Search the material below for the string "THICKNESS" and list each line that holds it.
○ ○ ○ ○
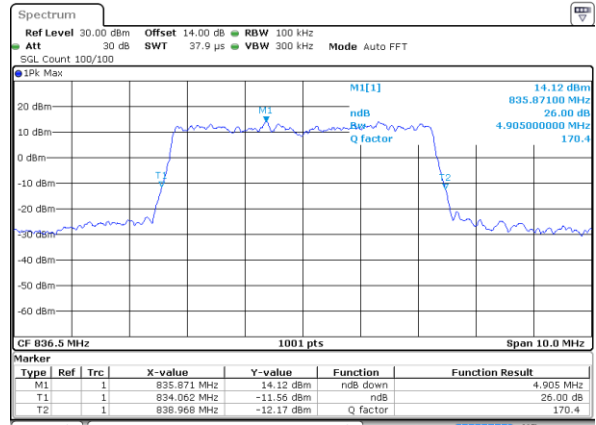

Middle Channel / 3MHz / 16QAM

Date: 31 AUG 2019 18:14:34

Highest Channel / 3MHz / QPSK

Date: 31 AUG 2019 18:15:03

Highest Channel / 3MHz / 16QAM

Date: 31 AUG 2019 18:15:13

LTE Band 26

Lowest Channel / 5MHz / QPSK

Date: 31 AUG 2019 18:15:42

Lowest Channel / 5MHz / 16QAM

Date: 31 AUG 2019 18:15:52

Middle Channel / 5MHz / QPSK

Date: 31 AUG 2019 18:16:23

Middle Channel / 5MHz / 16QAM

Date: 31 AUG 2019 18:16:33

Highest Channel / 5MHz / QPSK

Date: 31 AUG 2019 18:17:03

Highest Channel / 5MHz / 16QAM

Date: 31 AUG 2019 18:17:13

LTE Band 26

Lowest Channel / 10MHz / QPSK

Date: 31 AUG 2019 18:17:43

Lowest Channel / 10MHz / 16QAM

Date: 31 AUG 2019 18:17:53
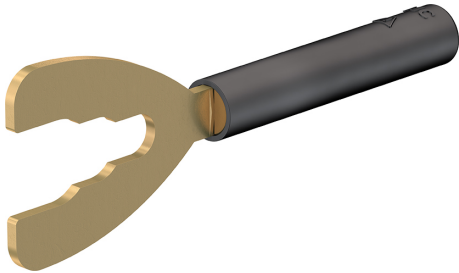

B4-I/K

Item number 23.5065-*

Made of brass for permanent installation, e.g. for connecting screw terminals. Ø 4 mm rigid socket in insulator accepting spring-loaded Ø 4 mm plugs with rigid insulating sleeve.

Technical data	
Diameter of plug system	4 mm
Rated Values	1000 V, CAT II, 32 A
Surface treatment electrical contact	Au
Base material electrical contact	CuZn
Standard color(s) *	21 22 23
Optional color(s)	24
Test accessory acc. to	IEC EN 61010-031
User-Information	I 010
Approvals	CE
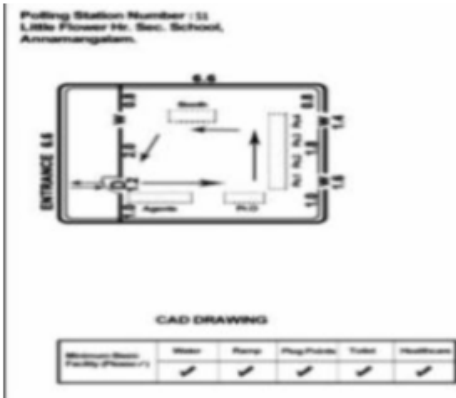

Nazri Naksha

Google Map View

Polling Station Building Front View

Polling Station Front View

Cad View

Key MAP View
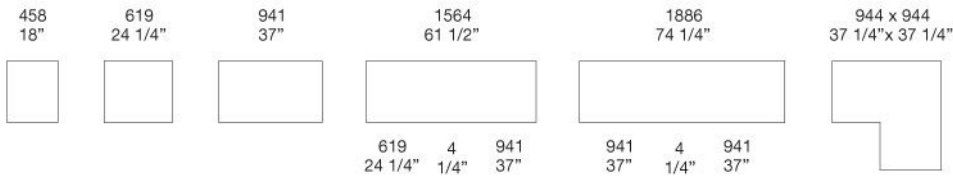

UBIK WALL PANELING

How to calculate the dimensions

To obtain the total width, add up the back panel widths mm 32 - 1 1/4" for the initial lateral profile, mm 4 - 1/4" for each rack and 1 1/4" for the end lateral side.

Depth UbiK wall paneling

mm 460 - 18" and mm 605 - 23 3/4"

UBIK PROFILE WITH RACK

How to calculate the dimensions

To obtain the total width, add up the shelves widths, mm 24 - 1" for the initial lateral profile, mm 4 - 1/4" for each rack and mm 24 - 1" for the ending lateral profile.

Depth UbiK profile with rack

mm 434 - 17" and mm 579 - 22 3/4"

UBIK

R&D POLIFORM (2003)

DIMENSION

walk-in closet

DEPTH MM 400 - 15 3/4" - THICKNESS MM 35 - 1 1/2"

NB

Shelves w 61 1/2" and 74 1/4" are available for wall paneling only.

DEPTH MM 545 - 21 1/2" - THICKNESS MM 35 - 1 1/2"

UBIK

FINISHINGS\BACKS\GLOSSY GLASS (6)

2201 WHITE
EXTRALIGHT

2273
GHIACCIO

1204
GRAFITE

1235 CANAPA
○ ○ ○ ○
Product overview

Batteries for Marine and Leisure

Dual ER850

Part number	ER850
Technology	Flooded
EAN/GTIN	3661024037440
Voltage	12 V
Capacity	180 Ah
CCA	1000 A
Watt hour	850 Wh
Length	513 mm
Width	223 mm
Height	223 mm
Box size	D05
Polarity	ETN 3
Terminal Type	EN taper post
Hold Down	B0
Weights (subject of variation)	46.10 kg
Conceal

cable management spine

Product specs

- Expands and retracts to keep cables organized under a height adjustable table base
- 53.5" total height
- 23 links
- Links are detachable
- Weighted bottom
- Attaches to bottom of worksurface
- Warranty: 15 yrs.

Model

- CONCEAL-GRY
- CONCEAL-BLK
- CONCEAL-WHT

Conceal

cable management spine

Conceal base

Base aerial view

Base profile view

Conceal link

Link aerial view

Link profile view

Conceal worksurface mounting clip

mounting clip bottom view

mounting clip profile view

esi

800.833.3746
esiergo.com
○ ○ ○ ○
Task response.
DEPTH MM 400 - 15 3/4" - THICKNESS MM 35 - 1 1/2"
DEPTH MM 545 - 21 1/2" - THICKNESS MM 35 - 1 1/2"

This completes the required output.